I got off my ATV to survey the situation. The truck and trailer were truly stuck. I asked Katie to pull forward, to no avail. I asked Katie to pull backwards. No luck either. At this stage, we were left with no choice but to temporarily abandon our fieldwork to seek help from local residents to help pull us out. We drove the ATV to the nearest house where we were directed to another house where guys with a truck and chains could help tow us out.

Credit: Matt Smith/ECU.

As luck would have it, we found the right people to help us out of our predicament. Two young men got in their vehicle and came to the truck to help us out of the ditch. In just a few minutes, the truck was extricated and the two helpful young men were on their merry way. At this point, it was almost dusk and Katie assumed that we would be heading back home without the other data from the southern part of the Reserve. Katie was mistaken!

We jumped onto the ATV and started off for the remaining well sites. A few minutes down the dirt road into the Reserve, Katie pointed at something moving along the road in the distance.

“I think it is a bear,” I said.

“A bear? But we don’t have any protection!” Katie protested

“The ATV is sufficient protection,” I answered, “as long as we are driving and are on the ATV, we should be fine — on to the field sites!”

Sure enough, it was a bear that we saw. As we approached, it started running towards us on the narrow road.

“The bear is playing chicken with us,” I said, “and we are not going to blink!”

We raced towards each other and I started to sweat. About 30 feet away from the ATV, the bear leapt into the canal next to the road.

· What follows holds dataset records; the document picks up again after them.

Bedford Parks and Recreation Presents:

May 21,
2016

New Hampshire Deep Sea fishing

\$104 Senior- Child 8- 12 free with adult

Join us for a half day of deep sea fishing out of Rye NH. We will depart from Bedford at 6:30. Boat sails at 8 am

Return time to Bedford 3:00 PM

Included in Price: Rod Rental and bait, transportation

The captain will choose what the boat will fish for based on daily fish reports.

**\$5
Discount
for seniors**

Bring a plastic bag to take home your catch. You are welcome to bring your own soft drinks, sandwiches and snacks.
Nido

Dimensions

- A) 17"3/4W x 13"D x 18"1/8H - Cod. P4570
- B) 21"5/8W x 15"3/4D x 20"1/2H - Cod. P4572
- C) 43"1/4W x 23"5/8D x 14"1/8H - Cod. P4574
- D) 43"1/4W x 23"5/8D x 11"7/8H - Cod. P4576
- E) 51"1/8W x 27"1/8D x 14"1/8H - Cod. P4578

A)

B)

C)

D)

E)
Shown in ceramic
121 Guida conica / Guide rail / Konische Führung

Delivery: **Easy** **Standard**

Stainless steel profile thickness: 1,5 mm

We continued on to our sites, seeing many bears of different sizes frolicking and playing on the dirt road. I have never seen so many bears in my life. In fact, in all my years working at the Reserve, the total number of bear sightings at the Reserve was only two. We quickly proceeded to the last well sites where I collected my valuable data and then started back to the truck and trailer.

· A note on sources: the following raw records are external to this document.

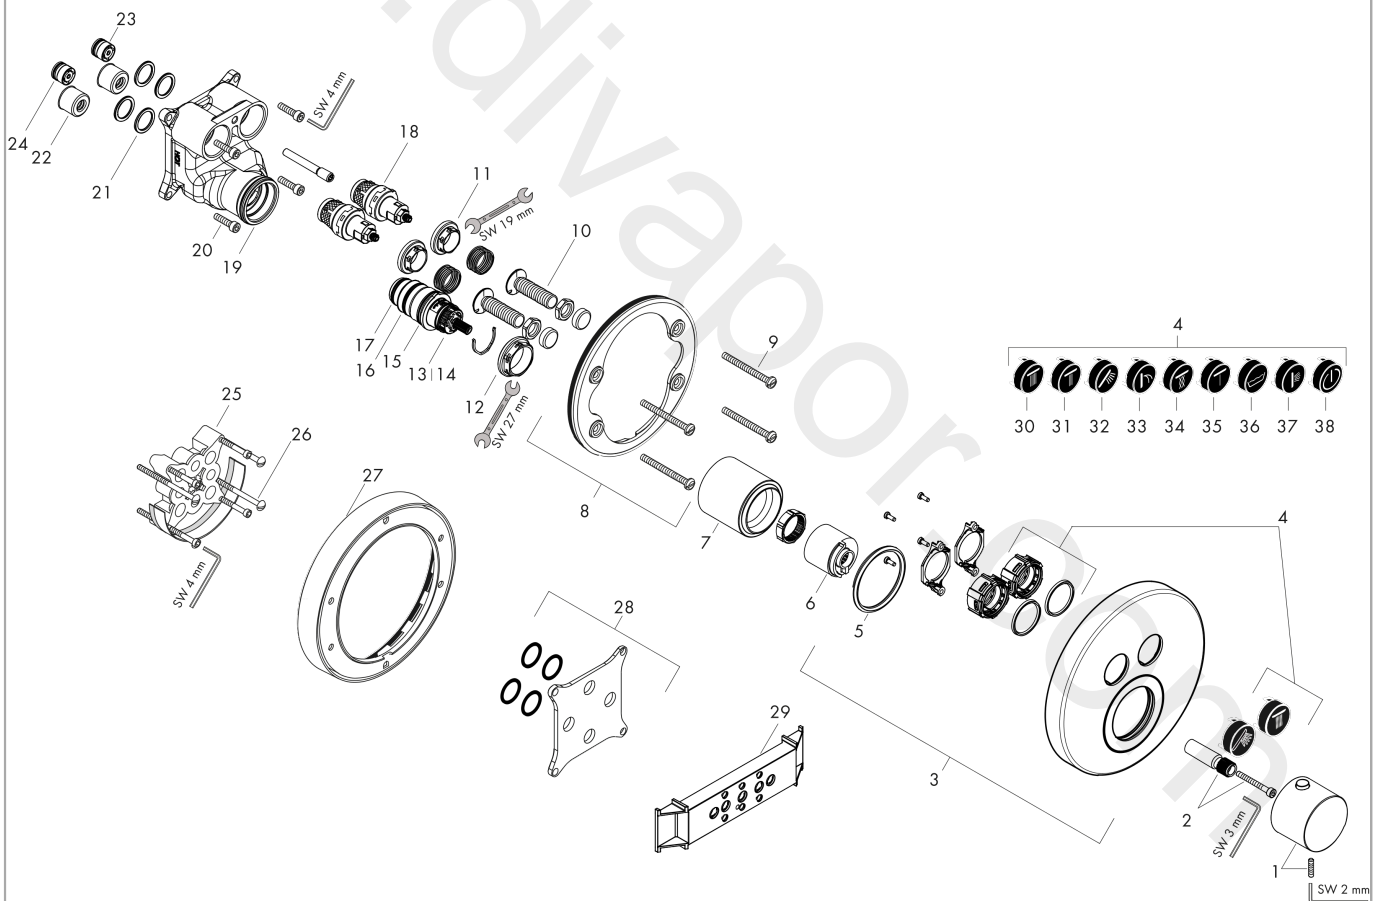

AXOR ShowerSolutions
Thermostat for concealed installation round for 2 functions
 Surfaces: Article Number: **36723930**

Exploded Drawing

Year of production: **11/16 - 12/20**

AXOR ShowerSolutions
Thermostat for concealed installation round for 2 functions
 Surfaces: Article Number: **36723930**

AXOR ShowerSolutions
Thermostat for concealed installation round for 2 functions
 Surfaces: Article Number: **36723930**

Spare part list

Year of production: **11/16 - 12/20**

Pos.		Article Number	Price	PU
35	symbol Mono	93576610	£ 13,30	1
36	symbol tub	93577610	£ 13,30	1
37	symbol body shower	93578610	£ 13,30	1
38	symbol ON/OFF	93579610	£ 13,30	1
a	concealed item	01800180	£ 163,00	1
b	adapter for exchanged connections	93181000	£ 275,00	1

Manda’s work has shown that wind tides are in fact the major drivers of saltwater into the Buckridge Coastal Reserve. Credit: NC Wetlands.

By the time that we got back to the truck, it was dark. With data from the groundwater wells in hand, we loaded the ATV into the trailer and started off back to Greenville. Katie was very glad we were in the truck heading back to civilization. I was just glad we got to collect all the data that we needed for us to test the hypotheses for this particular study.

The results of our study confirmed our original hypothesis that the driver of saline water into the wetlands of the Emily and Richardson Preyer Buckridge Coastal Reserve was wind tides, and indicated that the source of the saltwater intrusion was the large constructed canal. Subsequent study identified the Pamlico Sound as the main source of the saltwater.

Since the region is protected from the ocean by almost uninterrupted barrier islands, astronomical tides have little influence on the daily water fluctuations in the region. Thus, wind tides were the major drivers of saltwater in the region. So, when the wind blows hard from the south, saltwater from the Pamlico Sound is pushed up the Pamlico River, through the Pungo River, along the Alligator-Pungo River canal, and ultimately to the Alligator River where any adjoining canals are overrun by saltwater. These are complicated processes that threaten agriculture in low-lying fields of the Inner Banks.

Our study was located in a part of one Reserve, but saltwater intrusion into agricultural fields occurs in several low-lying coastal counties of eastern North Carolina. Bears might not care about saltwater intrusion, but as coastal populations continue to grow, and as sea level continues to rise, saltwater intrusion problems will continue to be of major interest to humans for the foreseeable future.

Pine Knoll Shores, site of Alex K. Manda’s latest work. Credit: ISS/NASA.

NEW RESEARCH: A CUTTING-EDGE APPROACH TO STORMWATER IN PINE KNOLL SHORES

Stormwater flooding is a major problem in many coastal regions. In the eastern U.S., such as on the barrier islands of eastern North Carolina, stormwater flooding is of particular concern because stormwater flooding events affect the emotional, physical, and financial well-being of seasonal and full-time residents of these coastal communities.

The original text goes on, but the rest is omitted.